2. The pet food composition of claim 1, wherein the
epigallocatechin gallate is in an amount of 0.02 mg to 2.9 mg.
3. The pet food composition of claim 1 or claim 2, wherein the EPA
is in an amount of 6 mg to 900 mg.
4. The pet food composition of any preceding claim, wherein the
luteolin is in an amount of 0.0003 mg to 0.1 mg.

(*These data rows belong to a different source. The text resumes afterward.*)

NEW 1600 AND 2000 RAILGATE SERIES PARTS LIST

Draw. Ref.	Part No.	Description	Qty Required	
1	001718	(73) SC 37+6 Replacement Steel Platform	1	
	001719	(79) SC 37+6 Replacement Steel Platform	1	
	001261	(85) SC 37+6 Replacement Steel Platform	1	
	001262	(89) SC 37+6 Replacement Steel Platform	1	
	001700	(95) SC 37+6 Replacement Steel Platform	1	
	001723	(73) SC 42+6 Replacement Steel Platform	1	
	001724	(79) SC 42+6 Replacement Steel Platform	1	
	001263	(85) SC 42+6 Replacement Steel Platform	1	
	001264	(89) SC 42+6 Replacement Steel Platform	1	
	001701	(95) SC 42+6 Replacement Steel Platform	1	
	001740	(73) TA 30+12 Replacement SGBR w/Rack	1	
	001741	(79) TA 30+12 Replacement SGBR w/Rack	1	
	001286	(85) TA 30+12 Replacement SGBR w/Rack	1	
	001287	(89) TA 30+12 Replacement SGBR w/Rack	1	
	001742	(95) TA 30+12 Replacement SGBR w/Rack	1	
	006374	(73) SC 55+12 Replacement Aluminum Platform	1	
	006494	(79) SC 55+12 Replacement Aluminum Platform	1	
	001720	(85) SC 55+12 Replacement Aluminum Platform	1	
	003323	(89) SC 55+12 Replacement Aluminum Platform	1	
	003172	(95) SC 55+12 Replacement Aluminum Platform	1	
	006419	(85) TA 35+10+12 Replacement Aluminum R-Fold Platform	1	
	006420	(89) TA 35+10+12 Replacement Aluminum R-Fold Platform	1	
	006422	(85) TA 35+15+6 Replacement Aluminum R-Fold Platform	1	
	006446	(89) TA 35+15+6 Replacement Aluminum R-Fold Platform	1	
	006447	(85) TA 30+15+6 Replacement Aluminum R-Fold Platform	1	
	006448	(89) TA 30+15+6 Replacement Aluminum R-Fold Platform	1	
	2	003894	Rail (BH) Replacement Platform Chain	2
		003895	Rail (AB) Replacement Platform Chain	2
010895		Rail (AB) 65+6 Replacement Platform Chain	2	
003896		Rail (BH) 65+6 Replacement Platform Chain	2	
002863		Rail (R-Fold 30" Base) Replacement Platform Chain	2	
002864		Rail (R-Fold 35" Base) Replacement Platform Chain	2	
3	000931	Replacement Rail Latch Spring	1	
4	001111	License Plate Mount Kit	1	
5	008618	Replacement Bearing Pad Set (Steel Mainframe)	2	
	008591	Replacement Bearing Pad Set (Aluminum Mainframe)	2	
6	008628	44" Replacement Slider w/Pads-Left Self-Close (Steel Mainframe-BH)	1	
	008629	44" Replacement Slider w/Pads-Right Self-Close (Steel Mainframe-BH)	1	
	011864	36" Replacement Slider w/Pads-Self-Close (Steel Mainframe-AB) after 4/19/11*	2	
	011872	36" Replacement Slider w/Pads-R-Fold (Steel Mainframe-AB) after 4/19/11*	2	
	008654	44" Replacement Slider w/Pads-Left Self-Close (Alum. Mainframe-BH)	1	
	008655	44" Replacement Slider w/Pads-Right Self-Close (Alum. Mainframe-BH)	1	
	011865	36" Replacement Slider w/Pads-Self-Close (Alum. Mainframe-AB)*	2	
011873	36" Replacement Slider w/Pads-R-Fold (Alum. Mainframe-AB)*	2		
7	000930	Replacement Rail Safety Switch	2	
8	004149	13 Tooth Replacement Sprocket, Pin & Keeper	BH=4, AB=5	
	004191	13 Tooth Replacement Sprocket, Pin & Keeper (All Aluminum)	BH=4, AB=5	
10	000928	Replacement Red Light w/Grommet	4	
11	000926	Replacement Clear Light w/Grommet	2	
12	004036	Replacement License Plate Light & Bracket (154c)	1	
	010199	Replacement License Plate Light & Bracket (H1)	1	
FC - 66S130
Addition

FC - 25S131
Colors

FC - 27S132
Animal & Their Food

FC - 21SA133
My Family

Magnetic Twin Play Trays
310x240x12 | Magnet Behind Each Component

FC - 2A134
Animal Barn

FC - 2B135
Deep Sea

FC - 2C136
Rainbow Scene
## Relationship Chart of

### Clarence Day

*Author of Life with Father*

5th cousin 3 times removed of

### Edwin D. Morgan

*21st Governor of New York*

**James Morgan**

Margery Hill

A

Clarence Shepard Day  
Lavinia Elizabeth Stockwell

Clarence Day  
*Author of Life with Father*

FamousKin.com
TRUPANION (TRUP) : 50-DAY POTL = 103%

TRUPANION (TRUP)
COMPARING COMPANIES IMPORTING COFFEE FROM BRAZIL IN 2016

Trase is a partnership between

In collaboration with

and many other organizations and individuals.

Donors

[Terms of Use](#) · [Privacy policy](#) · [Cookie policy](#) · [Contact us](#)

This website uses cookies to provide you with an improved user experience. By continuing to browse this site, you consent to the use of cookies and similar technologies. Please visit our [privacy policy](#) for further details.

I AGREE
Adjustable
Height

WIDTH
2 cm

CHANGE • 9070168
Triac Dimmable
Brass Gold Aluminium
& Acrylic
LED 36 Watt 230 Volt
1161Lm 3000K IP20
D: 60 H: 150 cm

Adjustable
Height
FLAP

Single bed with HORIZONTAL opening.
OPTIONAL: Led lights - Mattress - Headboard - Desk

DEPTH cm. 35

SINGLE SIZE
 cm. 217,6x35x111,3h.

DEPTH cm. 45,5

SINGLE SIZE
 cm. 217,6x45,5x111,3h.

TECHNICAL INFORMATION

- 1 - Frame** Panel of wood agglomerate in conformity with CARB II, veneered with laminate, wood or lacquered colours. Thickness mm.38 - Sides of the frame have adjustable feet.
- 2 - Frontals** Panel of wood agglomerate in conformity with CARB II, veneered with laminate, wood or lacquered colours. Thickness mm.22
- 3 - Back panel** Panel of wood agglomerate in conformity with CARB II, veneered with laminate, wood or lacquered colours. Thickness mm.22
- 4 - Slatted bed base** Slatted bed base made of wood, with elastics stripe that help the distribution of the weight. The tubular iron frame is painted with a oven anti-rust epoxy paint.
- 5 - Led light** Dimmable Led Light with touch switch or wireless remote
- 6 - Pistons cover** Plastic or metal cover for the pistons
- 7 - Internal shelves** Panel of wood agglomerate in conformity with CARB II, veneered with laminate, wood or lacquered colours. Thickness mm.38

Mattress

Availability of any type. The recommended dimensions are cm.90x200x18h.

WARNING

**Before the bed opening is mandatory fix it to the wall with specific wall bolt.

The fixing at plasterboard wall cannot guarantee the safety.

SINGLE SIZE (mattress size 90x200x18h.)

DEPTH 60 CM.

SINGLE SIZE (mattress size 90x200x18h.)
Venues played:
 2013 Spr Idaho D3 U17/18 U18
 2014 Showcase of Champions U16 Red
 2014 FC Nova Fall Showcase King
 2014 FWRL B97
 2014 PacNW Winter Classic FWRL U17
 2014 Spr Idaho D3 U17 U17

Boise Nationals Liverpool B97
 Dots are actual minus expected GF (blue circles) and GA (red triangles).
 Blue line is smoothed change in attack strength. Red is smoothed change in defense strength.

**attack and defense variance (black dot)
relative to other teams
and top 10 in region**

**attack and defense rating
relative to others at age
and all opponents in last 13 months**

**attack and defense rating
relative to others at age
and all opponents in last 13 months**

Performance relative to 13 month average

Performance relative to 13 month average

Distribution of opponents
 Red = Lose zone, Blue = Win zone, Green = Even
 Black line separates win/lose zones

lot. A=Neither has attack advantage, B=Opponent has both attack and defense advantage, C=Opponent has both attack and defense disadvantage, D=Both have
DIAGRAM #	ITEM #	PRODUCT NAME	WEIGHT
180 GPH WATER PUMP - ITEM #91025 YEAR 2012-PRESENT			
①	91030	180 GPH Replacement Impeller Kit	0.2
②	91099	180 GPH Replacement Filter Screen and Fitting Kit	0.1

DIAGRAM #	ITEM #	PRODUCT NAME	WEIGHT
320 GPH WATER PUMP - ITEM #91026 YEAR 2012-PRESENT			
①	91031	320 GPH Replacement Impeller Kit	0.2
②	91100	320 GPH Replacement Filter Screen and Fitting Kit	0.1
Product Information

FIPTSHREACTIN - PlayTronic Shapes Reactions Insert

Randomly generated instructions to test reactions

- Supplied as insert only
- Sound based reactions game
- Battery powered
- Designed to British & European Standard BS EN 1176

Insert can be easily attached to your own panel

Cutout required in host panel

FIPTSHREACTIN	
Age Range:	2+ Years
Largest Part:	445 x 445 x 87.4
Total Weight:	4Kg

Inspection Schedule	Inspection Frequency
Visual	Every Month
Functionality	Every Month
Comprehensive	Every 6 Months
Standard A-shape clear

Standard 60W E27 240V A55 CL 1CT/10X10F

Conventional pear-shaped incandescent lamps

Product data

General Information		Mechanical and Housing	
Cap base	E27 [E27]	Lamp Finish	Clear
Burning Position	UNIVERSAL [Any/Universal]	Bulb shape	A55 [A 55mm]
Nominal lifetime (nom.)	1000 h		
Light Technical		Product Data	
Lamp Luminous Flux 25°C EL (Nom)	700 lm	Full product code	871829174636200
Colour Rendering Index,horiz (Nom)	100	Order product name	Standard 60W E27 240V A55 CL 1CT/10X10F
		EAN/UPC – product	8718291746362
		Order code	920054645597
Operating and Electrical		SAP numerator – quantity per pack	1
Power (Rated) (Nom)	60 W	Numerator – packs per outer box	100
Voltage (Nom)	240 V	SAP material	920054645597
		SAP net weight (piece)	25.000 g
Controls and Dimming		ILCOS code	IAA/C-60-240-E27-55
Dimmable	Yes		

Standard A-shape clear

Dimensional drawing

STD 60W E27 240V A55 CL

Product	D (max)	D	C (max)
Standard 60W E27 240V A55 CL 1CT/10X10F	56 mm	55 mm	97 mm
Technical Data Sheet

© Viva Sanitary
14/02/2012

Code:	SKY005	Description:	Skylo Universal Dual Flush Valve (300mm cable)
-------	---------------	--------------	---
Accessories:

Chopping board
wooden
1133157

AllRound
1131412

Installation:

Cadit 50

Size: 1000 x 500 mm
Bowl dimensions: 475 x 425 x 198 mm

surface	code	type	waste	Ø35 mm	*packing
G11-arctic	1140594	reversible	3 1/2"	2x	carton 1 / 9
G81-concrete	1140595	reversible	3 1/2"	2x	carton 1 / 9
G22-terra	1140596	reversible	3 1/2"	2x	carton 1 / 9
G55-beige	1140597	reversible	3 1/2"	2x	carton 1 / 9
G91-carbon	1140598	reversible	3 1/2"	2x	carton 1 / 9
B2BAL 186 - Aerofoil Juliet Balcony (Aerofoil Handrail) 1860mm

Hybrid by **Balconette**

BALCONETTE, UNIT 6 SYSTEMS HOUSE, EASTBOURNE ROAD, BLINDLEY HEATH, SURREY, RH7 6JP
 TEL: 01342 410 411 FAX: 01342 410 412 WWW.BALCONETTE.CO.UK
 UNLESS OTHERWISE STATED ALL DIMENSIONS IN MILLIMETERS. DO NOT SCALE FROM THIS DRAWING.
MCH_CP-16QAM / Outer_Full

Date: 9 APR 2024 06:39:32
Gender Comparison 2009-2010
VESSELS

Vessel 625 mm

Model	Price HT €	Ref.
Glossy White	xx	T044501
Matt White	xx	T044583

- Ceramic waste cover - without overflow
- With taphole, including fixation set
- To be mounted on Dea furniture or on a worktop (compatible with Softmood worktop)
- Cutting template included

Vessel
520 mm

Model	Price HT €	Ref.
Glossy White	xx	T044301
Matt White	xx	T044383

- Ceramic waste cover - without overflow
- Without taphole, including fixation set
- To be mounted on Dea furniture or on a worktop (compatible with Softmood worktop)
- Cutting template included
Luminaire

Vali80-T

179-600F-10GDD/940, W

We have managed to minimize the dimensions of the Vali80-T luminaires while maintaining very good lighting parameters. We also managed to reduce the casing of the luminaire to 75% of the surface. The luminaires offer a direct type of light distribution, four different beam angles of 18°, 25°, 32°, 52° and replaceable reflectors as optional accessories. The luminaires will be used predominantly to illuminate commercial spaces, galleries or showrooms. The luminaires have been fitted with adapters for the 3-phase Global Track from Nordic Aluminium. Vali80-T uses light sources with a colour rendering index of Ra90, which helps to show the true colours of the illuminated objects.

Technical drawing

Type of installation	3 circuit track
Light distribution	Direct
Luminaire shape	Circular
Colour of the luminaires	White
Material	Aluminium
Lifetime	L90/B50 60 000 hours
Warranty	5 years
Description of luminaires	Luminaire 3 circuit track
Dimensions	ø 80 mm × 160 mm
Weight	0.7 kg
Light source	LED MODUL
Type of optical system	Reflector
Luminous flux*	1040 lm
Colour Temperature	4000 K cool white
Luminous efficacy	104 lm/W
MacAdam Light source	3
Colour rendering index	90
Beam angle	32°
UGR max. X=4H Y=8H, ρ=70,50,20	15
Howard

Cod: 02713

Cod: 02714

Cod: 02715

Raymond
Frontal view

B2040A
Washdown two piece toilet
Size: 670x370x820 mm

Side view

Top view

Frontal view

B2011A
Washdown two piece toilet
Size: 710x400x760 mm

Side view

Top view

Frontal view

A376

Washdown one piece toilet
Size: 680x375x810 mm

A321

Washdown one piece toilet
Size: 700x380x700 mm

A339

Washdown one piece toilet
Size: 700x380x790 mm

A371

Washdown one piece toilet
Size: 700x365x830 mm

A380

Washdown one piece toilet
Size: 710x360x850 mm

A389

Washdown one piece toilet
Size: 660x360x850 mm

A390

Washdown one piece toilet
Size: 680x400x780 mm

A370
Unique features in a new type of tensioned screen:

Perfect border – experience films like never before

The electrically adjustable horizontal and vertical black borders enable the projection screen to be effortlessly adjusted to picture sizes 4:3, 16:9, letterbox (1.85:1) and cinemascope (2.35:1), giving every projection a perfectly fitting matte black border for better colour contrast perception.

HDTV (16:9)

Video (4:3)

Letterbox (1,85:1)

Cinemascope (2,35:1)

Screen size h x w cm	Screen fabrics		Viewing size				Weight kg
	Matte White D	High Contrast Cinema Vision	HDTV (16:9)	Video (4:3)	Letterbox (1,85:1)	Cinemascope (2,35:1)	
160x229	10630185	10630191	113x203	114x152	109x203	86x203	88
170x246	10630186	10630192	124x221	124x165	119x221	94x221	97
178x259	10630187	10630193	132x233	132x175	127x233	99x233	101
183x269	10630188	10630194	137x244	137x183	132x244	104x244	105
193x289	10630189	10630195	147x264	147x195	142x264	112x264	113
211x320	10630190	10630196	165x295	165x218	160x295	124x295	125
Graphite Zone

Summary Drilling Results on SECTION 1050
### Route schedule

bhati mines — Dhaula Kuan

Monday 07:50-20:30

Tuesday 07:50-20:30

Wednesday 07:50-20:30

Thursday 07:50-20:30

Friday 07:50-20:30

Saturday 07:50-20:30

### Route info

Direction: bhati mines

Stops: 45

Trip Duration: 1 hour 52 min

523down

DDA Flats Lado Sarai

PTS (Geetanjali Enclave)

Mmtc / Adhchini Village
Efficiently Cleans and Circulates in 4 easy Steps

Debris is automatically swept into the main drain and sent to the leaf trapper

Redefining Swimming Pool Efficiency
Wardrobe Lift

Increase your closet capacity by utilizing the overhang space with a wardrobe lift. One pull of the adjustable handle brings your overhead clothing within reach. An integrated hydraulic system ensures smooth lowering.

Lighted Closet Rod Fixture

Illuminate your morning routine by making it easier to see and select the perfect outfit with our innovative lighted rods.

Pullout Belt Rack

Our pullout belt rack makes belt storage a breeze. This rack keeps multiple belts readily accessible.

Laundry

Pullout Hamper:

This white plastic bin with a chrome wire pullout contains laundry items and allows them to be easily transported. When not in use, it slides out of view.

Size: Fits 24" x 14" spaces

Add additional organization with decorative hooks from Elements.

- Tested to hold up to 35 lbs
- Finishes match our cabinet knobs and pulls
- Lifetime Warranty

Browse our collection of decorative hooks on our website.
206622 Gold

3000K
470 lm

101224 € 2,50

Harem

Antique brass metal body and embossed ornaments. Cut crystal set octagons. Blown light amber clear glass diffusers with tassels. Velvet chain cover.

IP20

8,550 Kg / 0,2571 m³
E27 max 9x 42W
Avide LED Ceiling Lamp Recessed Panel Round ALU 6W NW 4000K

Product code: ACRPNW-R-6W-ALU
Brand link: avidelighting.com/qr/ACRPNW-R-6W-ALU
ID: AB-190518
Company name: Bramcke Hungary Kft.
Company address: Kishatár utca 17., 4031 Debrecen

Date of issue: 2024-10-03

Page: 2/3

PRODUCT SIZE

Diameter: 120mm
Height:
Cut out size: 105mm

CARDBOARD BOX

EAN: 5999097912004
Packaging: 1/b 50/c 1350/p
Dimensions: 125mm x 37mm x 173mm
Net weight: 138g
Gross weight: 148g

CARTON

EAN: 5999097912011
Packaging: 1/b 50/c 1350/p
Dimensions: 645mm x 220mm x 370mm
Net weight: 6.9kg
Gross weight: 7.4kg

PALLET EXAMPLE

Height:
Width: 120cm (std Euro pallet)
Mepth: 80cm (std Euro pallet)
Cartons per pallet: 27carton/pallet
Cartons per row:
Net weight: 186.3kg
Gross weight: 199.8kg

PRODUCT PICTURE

5. The pet food composition of any preceding claim, wherein the
animal is a dog.
6. The pet food composition of any preceding claim further
comprising: 0-90% by weight carbohydrate; 5-70% by weight protein;
2-50% by weight fat; 0.1-20% by weight total dietary fiber; and
0-15% by weight vitamins and minerals.
7. A method of inducing a satiety response comprising feeding the
animal an effective amount of the pet food composition of any one
of claims 1-6.
8. The method of claim 7, wherein the epigallocatechin gallate is
in an amount of 0.02 mg to 2.9 mg.
9. The method of claim 7 or claim 8, wherein the EPA is in an
amount of 6 mg to 900 mg.
10. The method of any one of claims 7-9, wherein the luteolin is in
an amount of 0.0003 mg to 0.1 mg.
11. The method of any one of claims 7-10, wherein the animal is a
dog.
12. The method of any one of claims 7-11, wherein the pet food
composition further comprises: 0-90% by weight carbohydrate; 5-70%
by weight protein; 2-50% by weight fat; 0.1-20% by weight total
dietary fiber; and 0-15% by weight vitamins and minerals.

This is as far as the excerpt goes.